And I am going to solve it.
And my solution will be an increasingly refined set of protocols, habits, minimum effective doses.
And they'll kind of work!
For me, if I actually see the sun when I wake up, if I journal until my mind seems sane, work on something I actually care about, eat, exercise, sleep, see my friends, I'm, like, not depressed anymore.
That is what it takes to, uh, stem the tide of unrelenting cosmic pain is like kind of bullshit, but I'm not complaining.
Because it works. It kind of works.
But it doesn't totally work.
Because what I thought was that depression is the opposite of happiness. But what I found is that depression is an equal opportunity emotion dampener. Which means that, yeah, the fun stuff got turned up, but all the tough stuff got turned up too, and I was not ready for that.
I was not ready for stress to go from tunnel vision and feeling wired and tired to, like, my chest, feeling like it was wiring itself shut, like, I couldn't get enough air, like, I couldn't actually do what I had to do to let go. And all I could ever do was lay on my back with my knees up, writing it out.
In those moments, what I really want is a way out. I just want a way out.
And I don't find it. What I find instead is a way in.
I find a way into that intensity, a way into where the emotions are. I find a way into my body.
Truth be told, I didn't really have any real relationship with my body until, like, a year ago. I mostly treated it like the irritatingly needy chauffeur for my mind.
I discovered this with a meditation coach and teacher called Charlie Awbery. We found that if I was having emotions and I tried to find where they were in my body, I would basically get a mental image. I wouldn't actually find sensation.
And I can remember when this clicked for me.
It's a year ago, I'm in a not great Airbnb in Brooklyn, and I am grieving in my ex's arms. I mean, I'm, like, really sobbing.
And I remember in the sobbing to find where that sensation is happening, and I do. I feel it in my throat. There's this, like, hot, raw tenderness.
And feeling it, I also feel this, like, tingling coming up my arms, because, like, I'm getting it! I'm happy! Like, I'm finding where the sensation is.
And this totally transforms my relationship with my emotions. Because they're not just problems to solve anymore. They're not things where I have to design my life, so I have some of them and I don't have other ones.
They're just raw, energetic sensation moving in my body.
And I find there's a real freedom there. I mean, there's, like, a real freedom.
And then this relationship starts breaking down.
Because if emotions aren't problems to solve, if they aren't signals of what's working, what's not working, if they're not even good or bad, then what are they for?
And as I've understood what I've been doing is I've been living my life based on what I think they are -- what am I doing?
Like, seriously, what am I supposed to be doing?

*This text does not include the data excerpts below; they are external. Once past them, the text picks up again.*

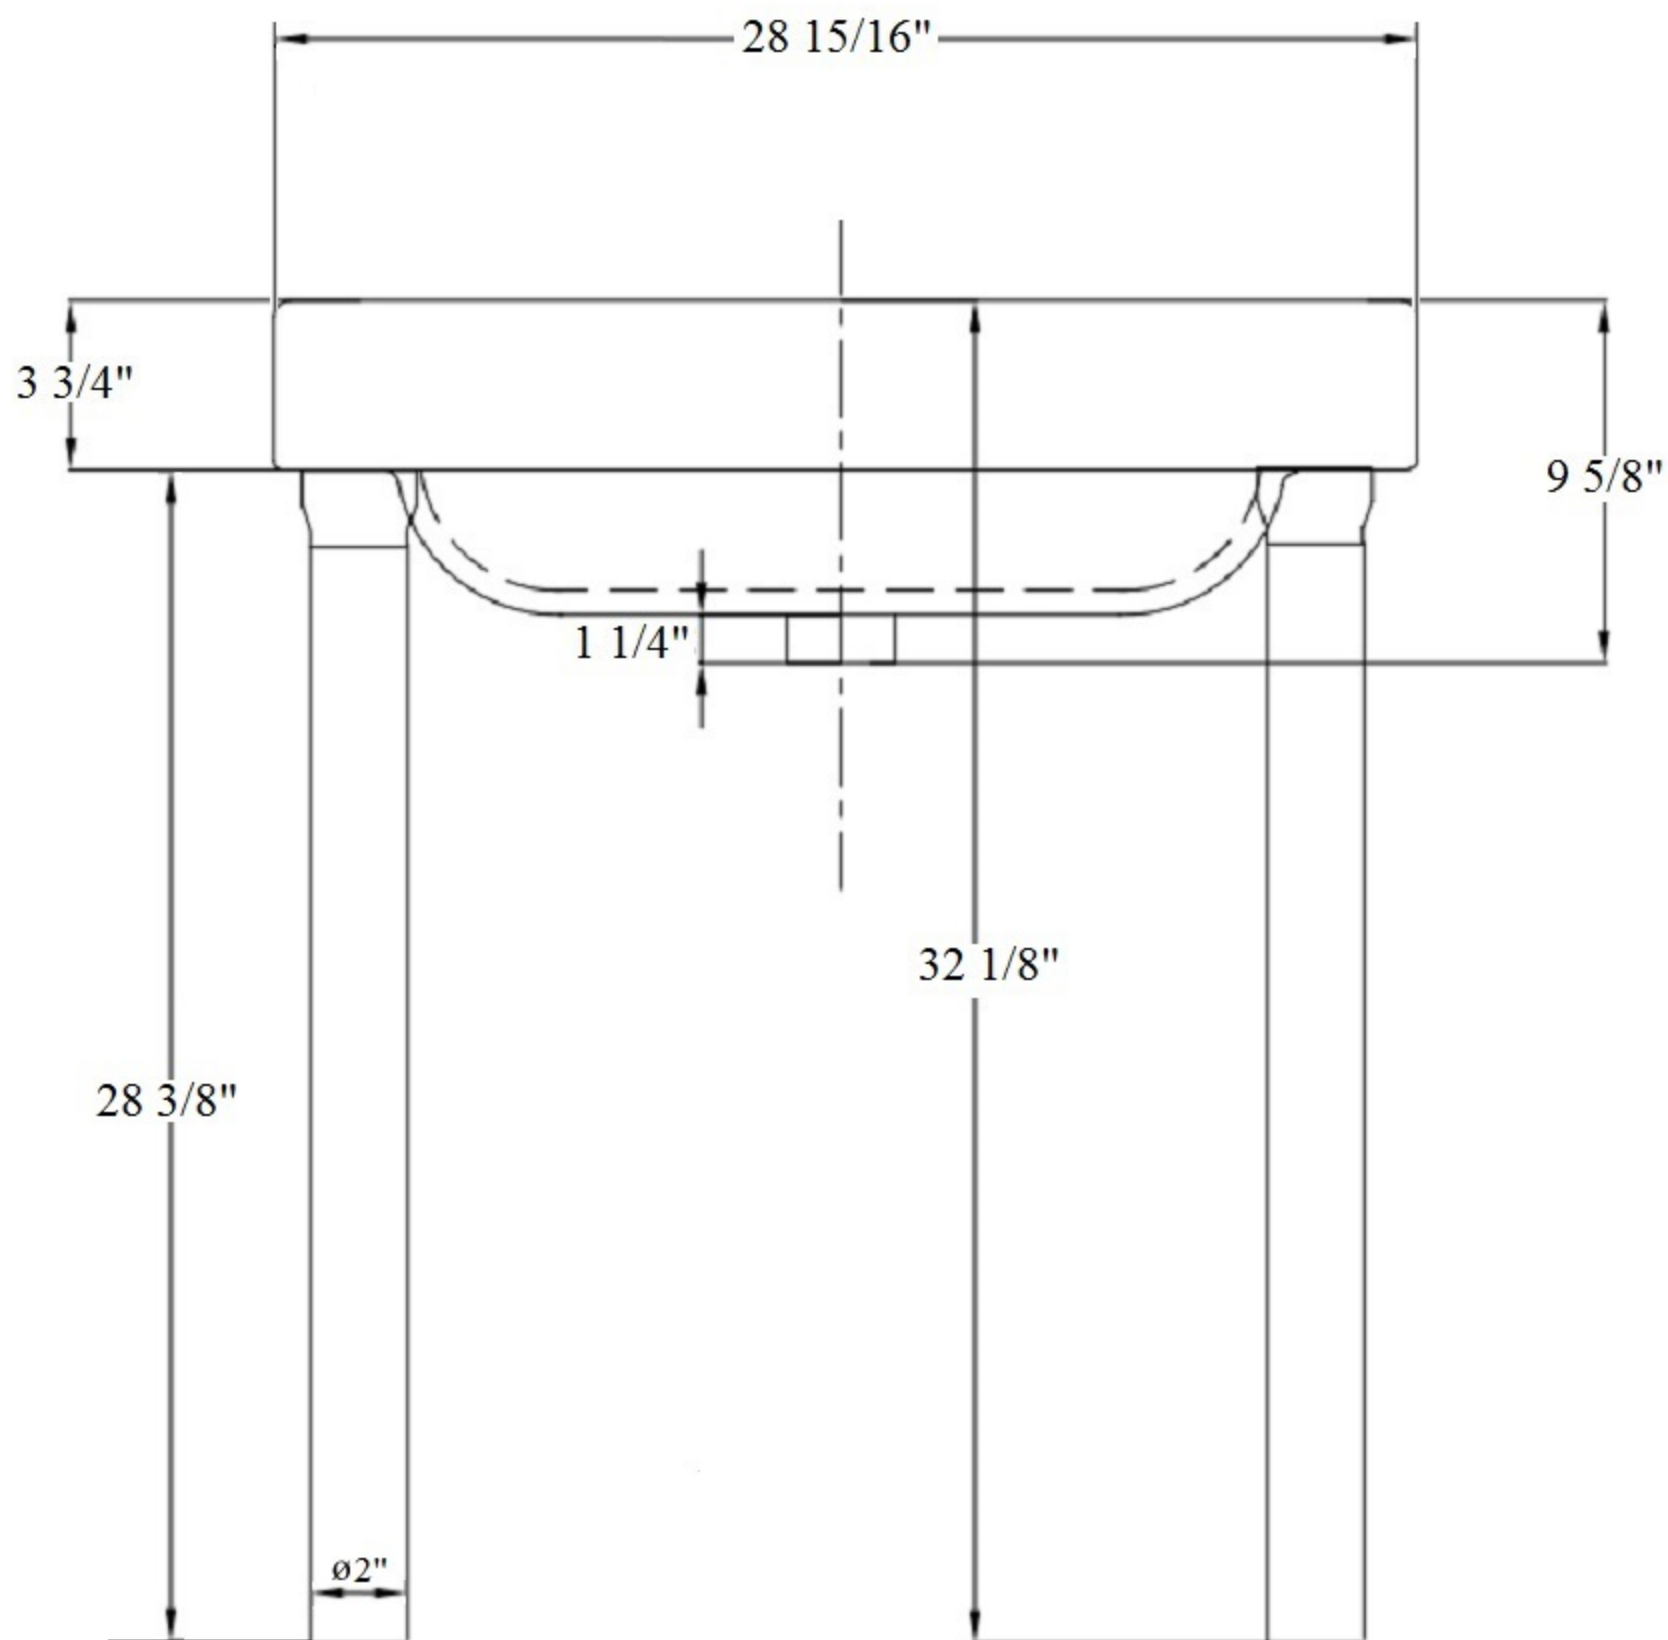

0371 - 'Art Deco' Legs - 2016

SHOWN WITH 0370 'ART DECO' SINK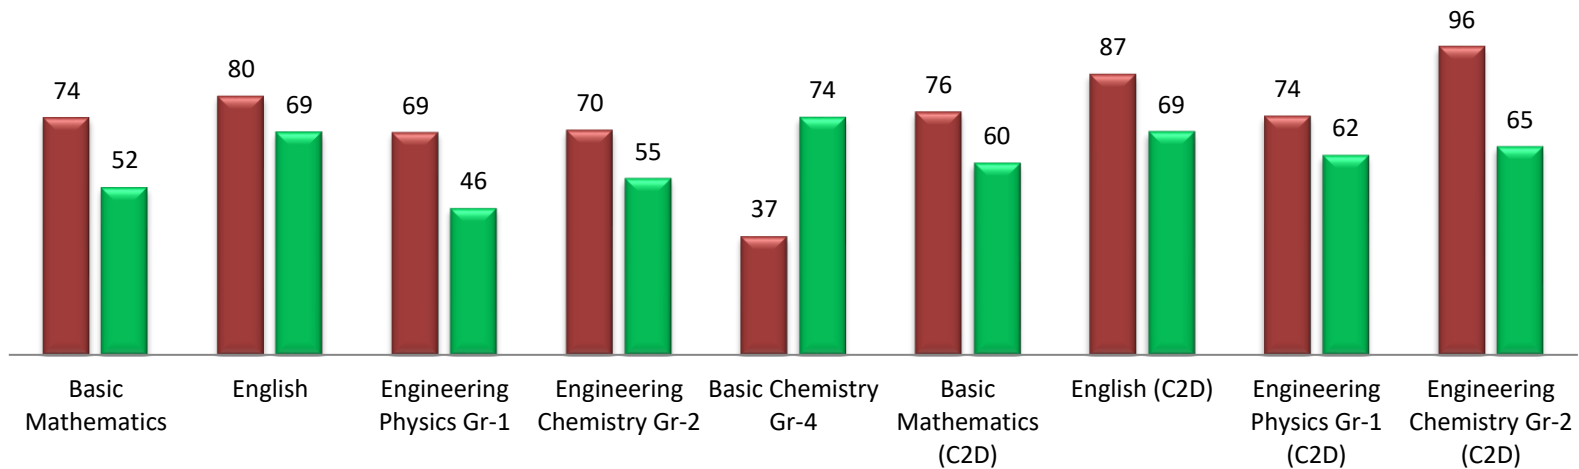

First Year Result Analysis

Dr. S. & S. S. Gandhi College of Engg. & Tech., Surat General Department Result Analysis Term-181 Sem-1 (2018-19)

■ Institute % ■ GTU %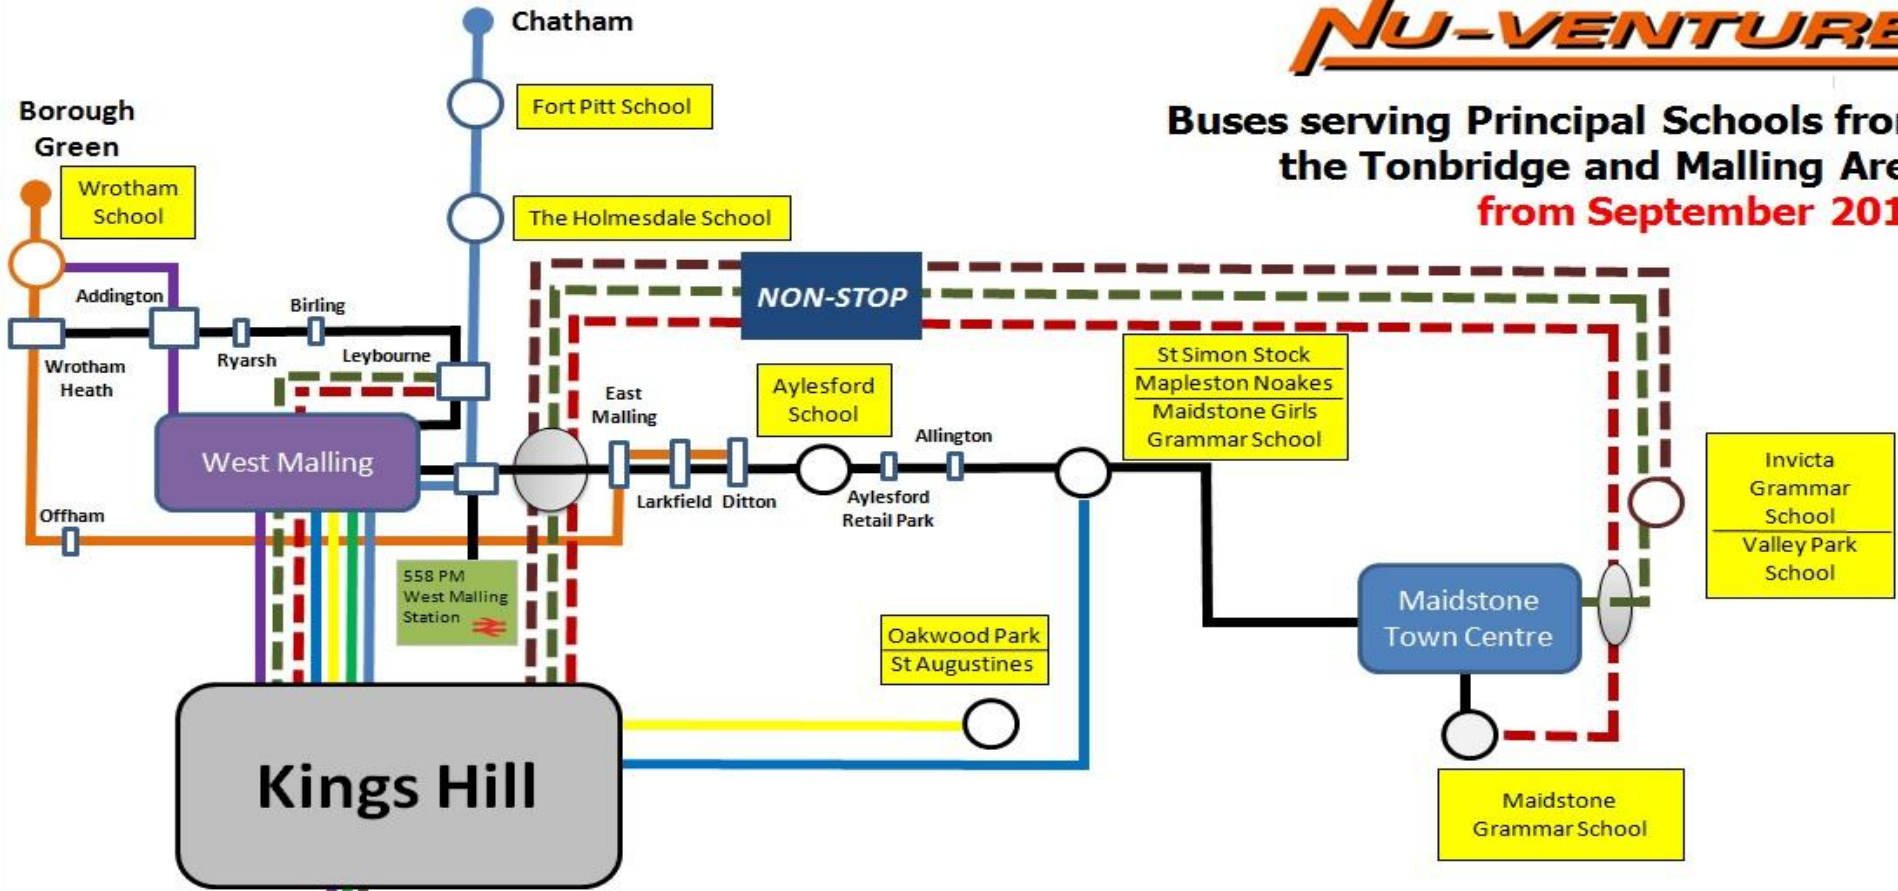

# Buses serving Principal Schools from the Tonbridge and Malling Area from September 2019

**Kings Hill**

- 54X
- 55X
- 57X
- 151
- 558
- 587
- 581
- 582
- 588
- 771
- 772

Tonbridge Schools

Airfield Estate  
Mereworth

558 PM  
West Malling  
Station

**NON-STOP**

Maidstone  
Town Centre

St Simon Stock  
Maplestone Noakes  
Maidstone Girls  
Grammar School

Oakwood Park  
St Augustines

Invicta  
Grammar  
School  
Valley Park  
School

Addington

Birling

Ryarsh

Leybourne

East Malling

Larkfield

Ditton

Allington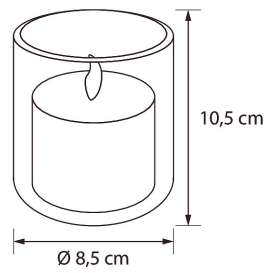

PRODUCT CODE	CODE	KG	PRODUCT FAMILY
9478948		0.16	

EC002761

Mounting

Suitable for outdoor use	Yes
--------------------------	-----

Structure

Lamp type	LED not exchan-geable
-----------	-----------------------

I remember sitting in Prospect Park a couple months ago with teacher Charlie telling them, "I don't really know what emotions are for anymore." And they approved very much.
And then they said something about emotions are how the inner something relates to the outer something, and I can't really remember it, but I do remember something in between my inner something and outer something relaxed. And then my emotions seemed to approve too.
I remember a couple months ago walking past Bryant Park on this beautiful, like, glorious summer day, while my life was starting to fall apart. And I mean just whole parts shearing, like glaciers, into the sea. And finding every single person I walked past to just be so attractive. And I remember having heard that one can fall in love with every nuance of reality at every moment and thinking, "Yeah, it could really be true." I mean, it can really be like that.
I remember being home alone in my friend's place a couple weeks ago, while this familiar nighttime panic that I basically organized my entire life around avoiding came on. And this time I just stepped into it, like, bang! And instantly my veins bubbled with lava, like going up my arms, down my back, into my throat. Just this languid, molten, exhilarating terror. I can't remember how long I felt like that, maybe 12 seconds, maybe a minute and a half. But I felt completely, ecstatically, disturbingly alive.
And I remember a couple weeks ago, sitting in my favorite coffee shop in Crown Heights, finding underneath that depression that had so dominated parts of my life, this soft, tender helplessness that I had basically been retreating to for as long as I can remember. And my first reaction to this made no sense to me, and it still makes no sense to me, which was to just marvel at how beautiful it is. This vast, undersea terrain that I have been creating since before I can remember creating anything.
None of this makes any sense to me.
I mean, really, like, it just does not make sense to me.
But it doesn't need to.
I mean, it doesn't need to make sense, because it can be a month ago to the day, and you can be feeling a soft clench around your heart as it breaks open a little bit. And you can be walking down Eastern Parkway and feeling that hot tenderness in your throat, because it's over now. And you can be feeling that rising tingling and a vastness, because it is over now. And you can feel a cool breeze on your left arm from the autumn, and you can feel somehow like a summer sun on your right cheek and your right arm. And you can find that hot tenderness, that tingling, that coolness, that warmth, can all be there at the same time, and there's nothing wrong with that. There's nothing wrong with that at all. And that wrongness, that sense of there being no wrongness can turn into a rightness, not in the sense of like a correctness, but just like in the sense of a rightness. And that rightness can tumble into a fullness, and that fullness can be a total and complete wholesomeness.
Thank you all very much.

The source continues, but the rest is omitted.